Judicial activism at the Court of Justice
Causes, Responses and SolutionsMaastricht, 10-11th October 2011
A conference organised by M. Dawson, B. De Witte, E. Muir with the support of the Ius Commune Research School, European Union Democracy Observatory at the European University Institute and the Universiteitsfonds Limburg.
The immediate context for the conference is the rise, in the last years (see e.g. Gerken & Herzog 2008), of concerns among national authorities and judiciaries, and within European civil society, about the judicial activism of the European Court of Justice. While an intense debate has raged within EU legal academia about the validity of this claim, this conference aims to address its causes, responses and solutions. What legal and political factors feed the accusation of judicial activism, how do political and civil society actors respond to it, and how could possible solutions to perceived problems of judicial activism be envisaged?

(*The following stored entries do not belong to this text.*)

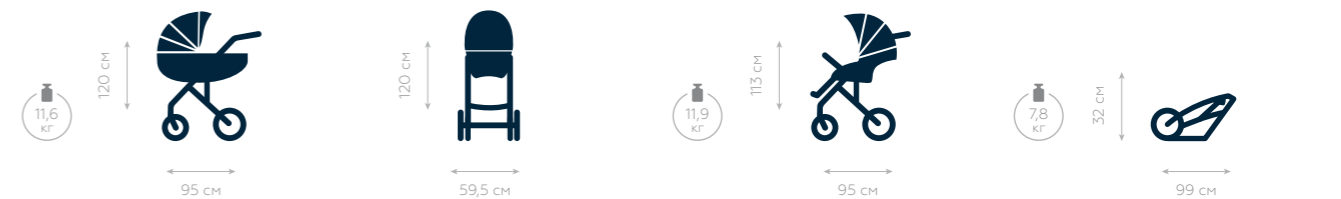

КОМПЛЕКТАЦИЯ:

- компактная алюминиевая рама
- надувные передние и задние колеса
- пластиковая люлька (внутри 100% хлопок)
- прогулочный блок
- корзина для покупок
- накидка на ножки на люльку
- накидка на ножки на прогулочный блок
- сумка-рюкзак для мамы
- дождевик
- москитная сетка
- при варианте 3 в 1 в комплект также входит автокресло с накидкой на ножки и адаптеры для крепления на раму.

Problems of judicial activism can emerge from a number of sources. One of them is when the Court is called upon to make judgments in socially sensitive areas; in which case any decision is a political choice likely to invoke controversy (see eg. discrimination cases related to age). Another is where the European Courts must decide cases of particular complexity, in which they lack the necessary knowledge or expertise to make well informed judgments (see eg. risk regulation). A third is instances where the impact of Court rulings stray too far into the prerogatives of national or other European authorities. Finally, while many may criticize the courts for too being activist in their rulings, the problem might actually be the opposite: the unwillingness of the European Courts to take a stand when called upon to do so by individuals.

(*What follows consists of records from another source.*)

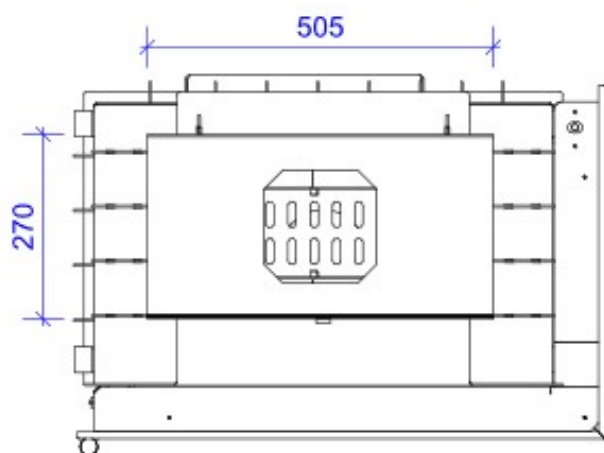

DH SM-BP

Blendrahmen

SMB-R30

Maße in mm

A - Einbaumaß
C - Zentrale Luftzufuhr
L - freie Glassichtfläche

Adapterflansch für CMS

CMS-F50

Maße in mm

A - Einbaumaß
C - Zentrale Luftzufuhr
L - freie Glassichtfläche

Aufsatzspeicher

AKKUM KVDH

Maße in mm

A - Einbaumaß
C - Zentrale Luftzufuhr
L - freie Glassichtfläche

The Court’s perceived activism, and its associated legitimacy dilemma, has clear implications for policy-makers and stakeholders, both national and European. Firstly, the perception that the ECJ is unduly activist has severely undermined the political legitimacy of the EU as a whole, undermining public confidence in integration (see for example the particular impact of ECJ rulings on employment in Nordic countries). Secondly, legitimacy problems can lead to compliance deficits. The risk arises that a decline in the authority of the European Courts will be matched by an increased unwillingness of either national courts or national governments to apply the Court’s rulings. The controversy in Denmark over the consequences of the ECJ’s Metock ruling for the autonomy of the Danish immigration system is an important example. Finally, the effects of ECJ decisions can severely constrain the political freedom of civil society organizations and other private actors, who feel ‘cut-out’ of the process of European law¬making in politically sensitive areas (as illustrated by the ETUC’s ‘call to arms’ over the judgments of the ECJ in Viking and Laval (ETUC 2008)).
The conference aims to identify sources and analyse possible consequences of the Court’s perceived activism, identifying possible practical solutions. We will address these issues from a constitutional perspective. The conference programme will be structured through three stages of inquiry, bringing together academics, judges, civil society representatives and practitioners interested in these problems.